Jan 23, 2005

No MBA for me.

I could never run a company. I’m too idealistic.

If I did, it would have to be the kind of place where everyone eats gourmet lunches for free. There would be no dress code, and everyone that worked there would be creative and intense and passionate about her job. She would also be very well paid. It would be humanitarian, and enviornmentally friendly, and open source, and all of our products would be beautifully designed and perfectly calibrated. Everyone would feel a part of the big picture, and there would be a trampoline in the employee lounge. It would be like some strange combination of Apple, Google, and elementary school.

Jan 23, 2005

Seven More Months?!

There is one bad thing about being accepted early to college. You go out of your mind with anticipation. And, unlike most other people, you have months and months of high school left.

I don’t really mind going to school, but I have no work ethic. Homework, studying… not so much. I don’t really care anymore. I can tell that I’m working short term. I’m just functioning on a day-to-day basis, not really learning anything. I don’t need to worry about finals, so there’s no point in taking notes or paying attention in biology if I can just read the book the night before a test and do really well. There’s no point in really learning the physics because all our tests are take-home and open book. I should do calculus homework, but he never checks it and barely mentions it in class. My grades aren’t really going down yet, though - and, let’s be honest, I would start doing more work if I dropped to a B+ in more than one or two subjects. I guess I like to pretend I’m a slacker, but I’m really not. I can get away with not studying very much and doing only required assignments, but I would never hand anything in late.
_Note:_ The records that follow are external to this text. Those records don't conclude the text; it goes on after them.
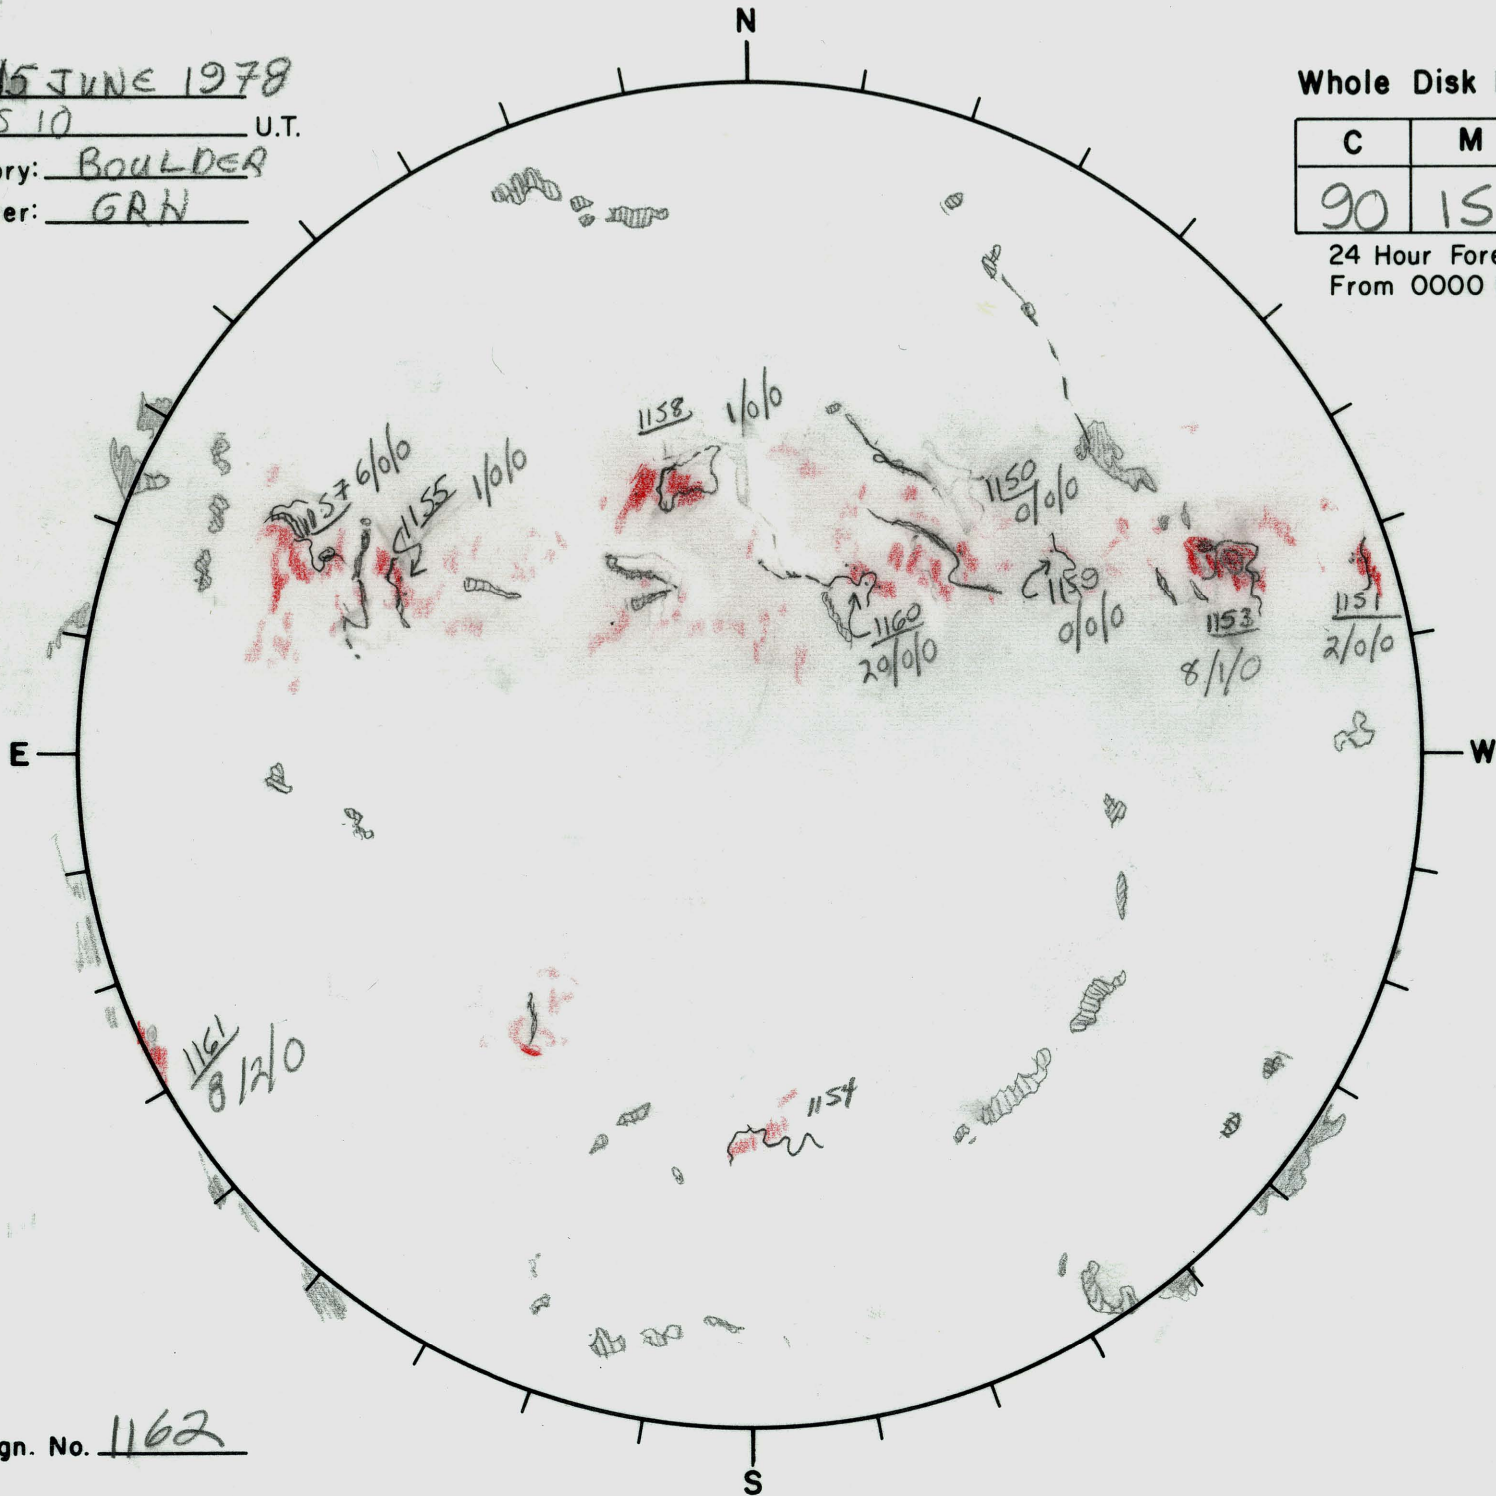

Date: 15 JUNE 1978
 Time: 15 10 U.T.
 Observatory: BOULDER
 Forecaster: GRN

Whole Disk Forecast

C	M	X
90	15	01

24 Hour Forecast
 From 0000 U.T. to 0000 U.T.

Next Rgn. No. 1162

L↑ _____
 B↑ _____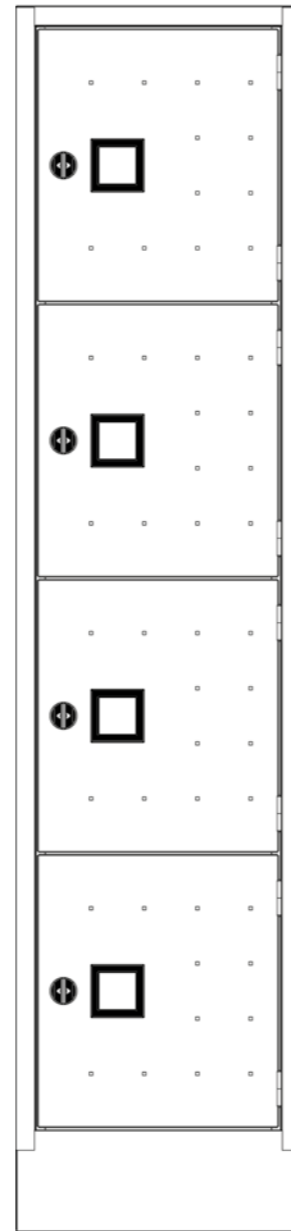

mm. 420x500x1800h

A more dynamic view of the cabinet, characterized by a great variety of bright colors and contrasts. The study of the details enhances its convenience and the various formats meet every space requirement.

Characterized by shiny colors, hole patterns on the door and square handles with card holder, this series consists of traditional lockers, combination lockers, Z doors or multi-compartments. Made of first quality steel sheets with refolded edges, feet with plastic tips arranged for adjustable foot, frontal and lateral plinth. Door with 180° opening angle with theft-proof hinges and omega for internal reinforcement. Yale type lock with flat key, padlock handle, coin lock and electronic or mechanical combinations. Painting with epoxy-polyester powder carried out through automatic machinery according to the following phases: phosphate-treatment, flushing, drying, powder projection with electrostatic procedure, powder polymerization at 180°.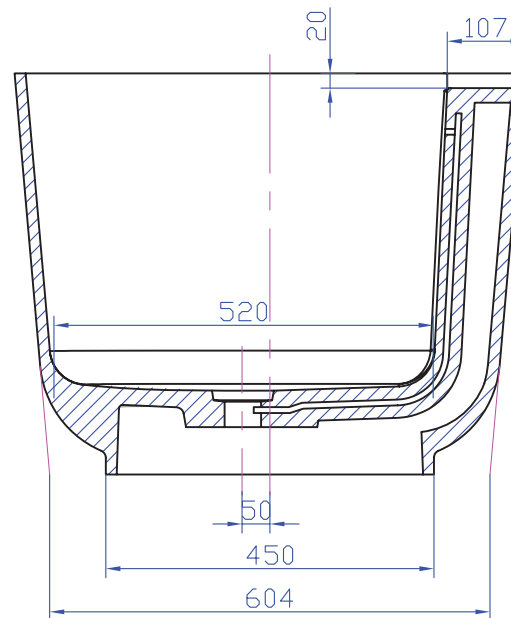

G65176 1600mm Freestanding Bath

Notes:

- Freestanding bathtub
- Solid surface
- Matt white
- Chrome waste
- Optional matching stone waste
- 10 year manufacturers warranty

Size: 1600 x 700 x 550 (mm)

Finishes:

- Matte white
- Gloss white
- Colour

Options:

- Overflow
- Non-overflow
- Stone waste
- Headrest

Net Weight: 120kg
Gross Weight: 170kg
Volume: 270L
Unit: mm

GIA
Italii

AUSTRALIA

Phone: 1800 462 946
Email: info@stonebaths.com.au
Web: stonebaths.com.au

Then there’s The Laptop. I have been dying for my own laptop since I was about seven. It’s always been the understanding that my parents would buy me one for college as a high school graduation present. The day of acquisition is near. Near enough that I can start researching (and I have, more than you can imagine), but not near enough for it to be really soon. It’s far enough away that all the research is torture. I’ve decided on the Apple iBook, 14 inches, with the Combo Drive. I know the exact configuration I want, and which mouse and printer I’m going to buy. I know which iPod I’ll get if they have a $200-off-an-iPod-when-you-buy-a-PowerBook-or-iBook deal this summer like they did last summer. I’m not sure why this whole laptop thing matters to me as much as it does. I think about it as much as I think about actually going to college.

And I think about going to college a lot. Where I’m going to live, which courses I’m going to take, what my major will be, exactly what I’ll bring. I won’t bore you with the specifics, except for the fact that I’m planning to major in Neuroscience & Behavior. It’s going to drive me crazy because I have so long to wait. Can’t I just skip the next few months?
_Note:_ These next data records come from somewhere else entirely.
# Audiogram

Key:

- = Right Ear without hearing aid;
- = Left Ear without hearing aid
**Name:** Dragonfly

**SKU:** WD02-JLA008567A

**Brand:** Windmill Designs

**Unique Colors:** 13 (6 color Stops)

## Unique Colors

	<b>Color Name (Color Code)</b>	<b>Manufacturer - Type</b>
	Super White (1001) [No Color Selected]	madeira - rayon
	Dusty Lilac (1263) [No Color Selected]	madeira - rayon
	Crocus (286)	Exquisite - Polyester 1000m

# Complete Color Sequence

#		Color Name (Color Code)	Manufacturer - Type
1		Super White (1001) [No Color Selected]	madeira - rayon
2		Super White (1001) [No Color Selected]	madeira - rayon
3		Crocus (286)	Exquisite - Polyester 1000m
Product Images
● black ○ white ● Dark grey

Oh, Wesleyan. You drive me crazy.

Jan 2, 2005

Obligatory New Year’s Resolutions Post

I like to make New Year’s resolutions, though I barely think about them afterwards. I typically have the same goals year-round, but I guess it’s helpful to lay them out once in a while and look them over. So here we go. In 2005 I’d like to . . .
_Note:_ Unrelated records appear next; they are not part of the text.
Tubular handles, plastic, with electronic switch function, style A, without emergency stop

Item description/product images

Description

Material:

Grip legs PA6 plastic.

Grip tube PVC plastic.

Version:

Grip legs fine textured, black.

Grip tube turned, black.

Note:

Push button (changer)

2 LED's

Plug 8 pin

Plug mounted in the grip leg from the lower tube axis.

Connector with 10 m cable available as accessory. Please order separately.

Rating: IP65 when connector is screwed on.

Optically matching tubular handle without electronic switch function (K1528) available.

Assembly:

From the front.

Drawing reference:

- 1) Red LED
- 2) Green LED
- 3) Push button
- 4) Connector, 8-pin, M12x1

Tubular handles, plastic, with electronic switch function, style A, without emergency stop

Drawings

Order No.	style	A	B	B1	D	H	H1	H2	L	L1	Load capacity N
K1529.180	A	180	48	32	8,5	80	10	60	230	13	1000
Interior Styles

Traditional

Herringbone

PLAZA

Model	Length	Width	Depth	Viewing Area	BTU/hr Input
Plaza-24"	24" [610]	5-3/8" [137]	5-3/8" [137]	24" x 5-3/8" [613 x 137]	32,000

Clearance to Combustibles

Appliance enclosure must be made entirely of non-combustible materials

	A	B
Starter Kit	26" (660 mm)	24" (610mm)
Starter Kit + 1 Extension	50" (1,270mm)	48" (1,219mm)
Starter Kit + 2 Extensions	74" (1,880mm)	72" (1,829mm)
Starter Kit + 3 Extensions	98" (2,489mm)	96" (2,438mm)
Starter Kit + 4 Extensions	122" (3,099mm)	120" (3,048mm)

  • Be healthier. Some people are probably going to think this is ridiculous, but I want to lose at least five or ten pounds. My BMI is hovering right at the upper limit of “Healthy,” and I’d like it to be lower. Plus, I feel better when I eat well and exercise. Unfortunately, this rarely translates into me actually wanting to do those things.
  • Be less of a recluse. This is more for college than it is for now. I’m okay with my life right now, but in college I want to spend less time sitting around by myself and more time out with my friends. This means being more open and less afraid of both other people and rejection.
  • Take more pictures of people. I take a lot of pictures of things, but very few of people outside my family. I want a lot of pictures of people from school to take with me to college.
  • Be more invested in things. I tend to float through life without ever really trying very hard at anything, or caring much at all. I’d like to stop that. It will not serve me well later in life.

Can you tell I’m obsessed with going to college?

I feel like there should be more, and there probably is, but I can’t think of it right now.